How to complete this task:
Which lines in the data below contain the word "Starting"? Return each of them.

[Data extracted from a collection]

▬▬▬▬▬▬

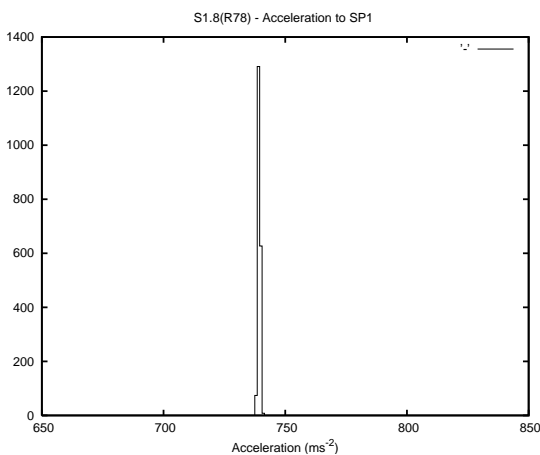

Target Performance Report - S1.8

Report Generated: April 19, 2014,

Last Actuation: 19/04/14 11:23:59

1 Operation Summary

	Last Shift	Total
Actuations:	72.3K	646.0K
Quadrature Count errors:	0	0
Fiber ADC errors:	0	0
BPS errors (during actuation):	0	0
(R78) Gaps > 3s & < 10s:	0	0
(R78) Gaps > 10s:	2	21
(R78) SP2 Corrections:	0	20
(R78) Capture Over/Under shoots:	0/0	719/216

2 Mechanical Performance

Starting position for the last 2000 actuations.

Starting position width over time.

Acceleration for the last 2000 actuations.

Acceleration over time. Normalised to a temperature 45C using the temperature data collected by the system.
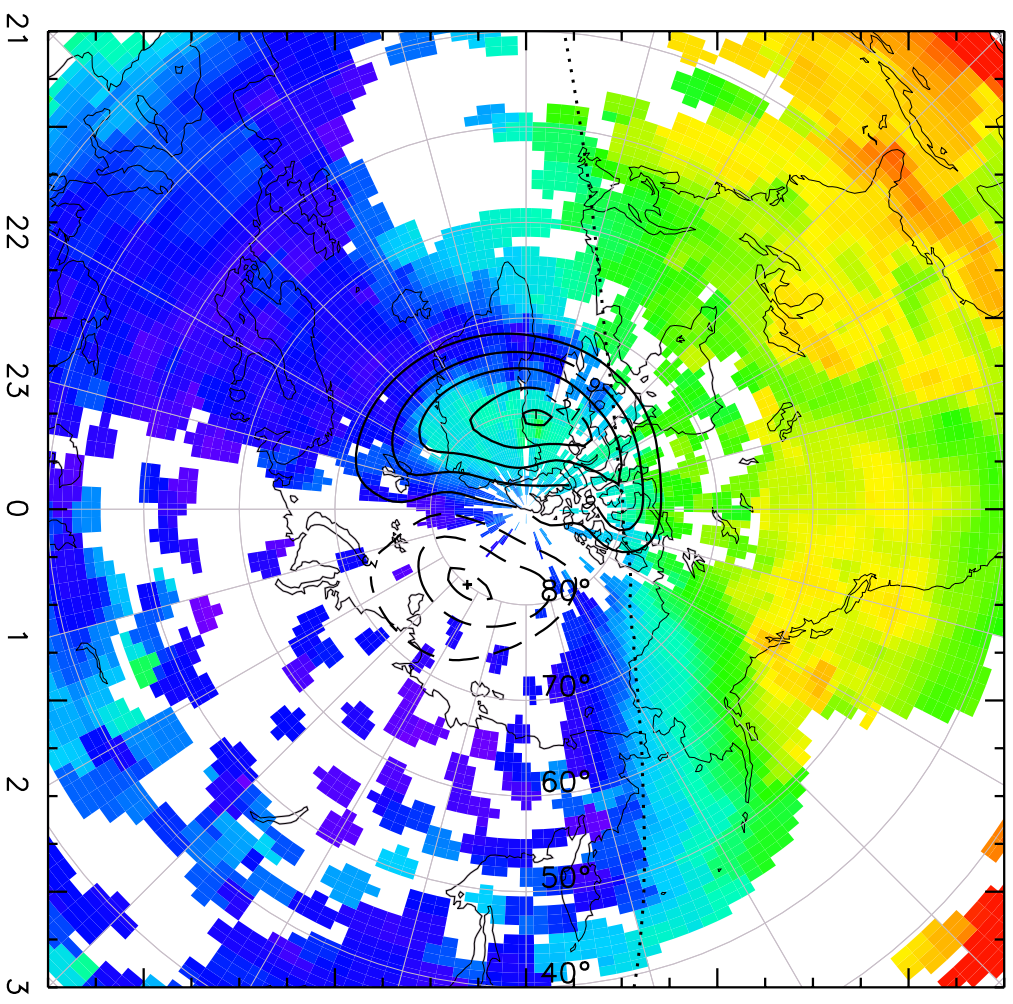

TOTAL ELECTRON CONTENT 09/Nov/2012 20:00:00.0
Median Filtered, Threshold = 0.10 09/Nov/2012 20:05:00.0
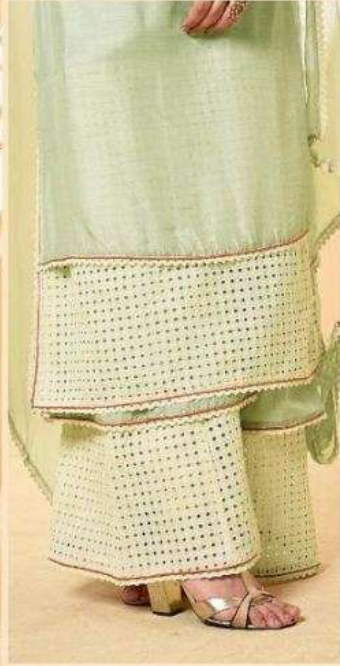

your Choice®

your Choice®
2888
G-3

Optimized by www.ImageOptimizer.net
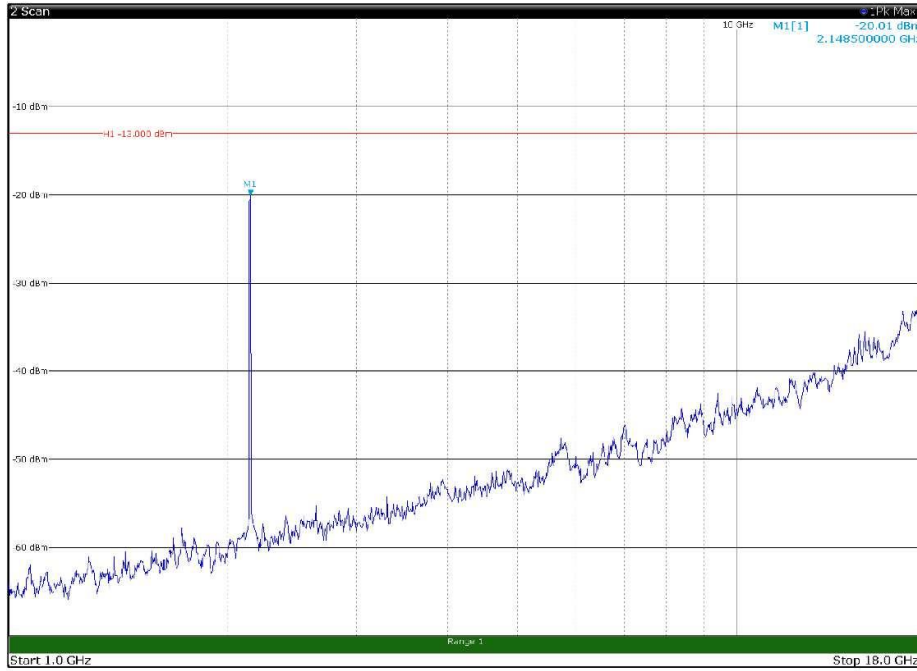

Channel: BOTTOM, Modulation: 16QAM,
BW=15MHz, Range: 30MHz - 1GHz, Polarization: Horizontal

Channel: BOTTOM, Modulation: 16QAM,
BW=15MHz, Range: 30MHz - 1GHz, Polarization: Vertical

Channel: BOTTOM, Modulation: 16QAM,
 BW=15MHz, Range: 1GHz - 18GHz, Polarization: Horizontal

Channel: BOTTOM, Modulation: 16QAM,
 BW=15MHz, Range: 1GHz - 18GHz, Polarization: Vertical

Channel: BOTTOM, Modulation: 16QAM,
 BW=15MHz, Range: 18GHz - 22.5GHz, Polarization: Horizontal

Channel: BOTTOM, Modulation: 16QAM,
 BW=15MHz, Range: 18GHz - 22.5GHz, Polarization: Vertical

Channel: MIDDLE, Modulation: 16QAM,
BW=15MHz, Range: 30MHz - 1GHz, Polarization: Horizontal

Channel: MIDDLE, Modulation: 16QAM,
BW=15MHz, Range: 30MHz - 1GHz, Polarization: Vertical

Channel: MIDDLE, Modulation: 16QAM,
BW=15MHz, Range: 1GHz - 18GHz, Polarization: Horizontal

Channel: MIDDLE, Modulation: 16QAM,
BW=15MHz, Range: 1GHz - 18GHz, Polarization: Vertical

Channel: MIDDLE, Modulation: 16QAM,
BW=15MHz, Range: 18GHz - 22.5GHz, Polarization: Horizontal

Channel: MIDDLE, Modulation: 16QAM,
BW=15MHz, Range: 18GHz - 22.5GHz, Polarization: Vertical

▬▬▬▬▬▬

Expected output:
Starting position for the last 2000 actuations.
Starting position width over time.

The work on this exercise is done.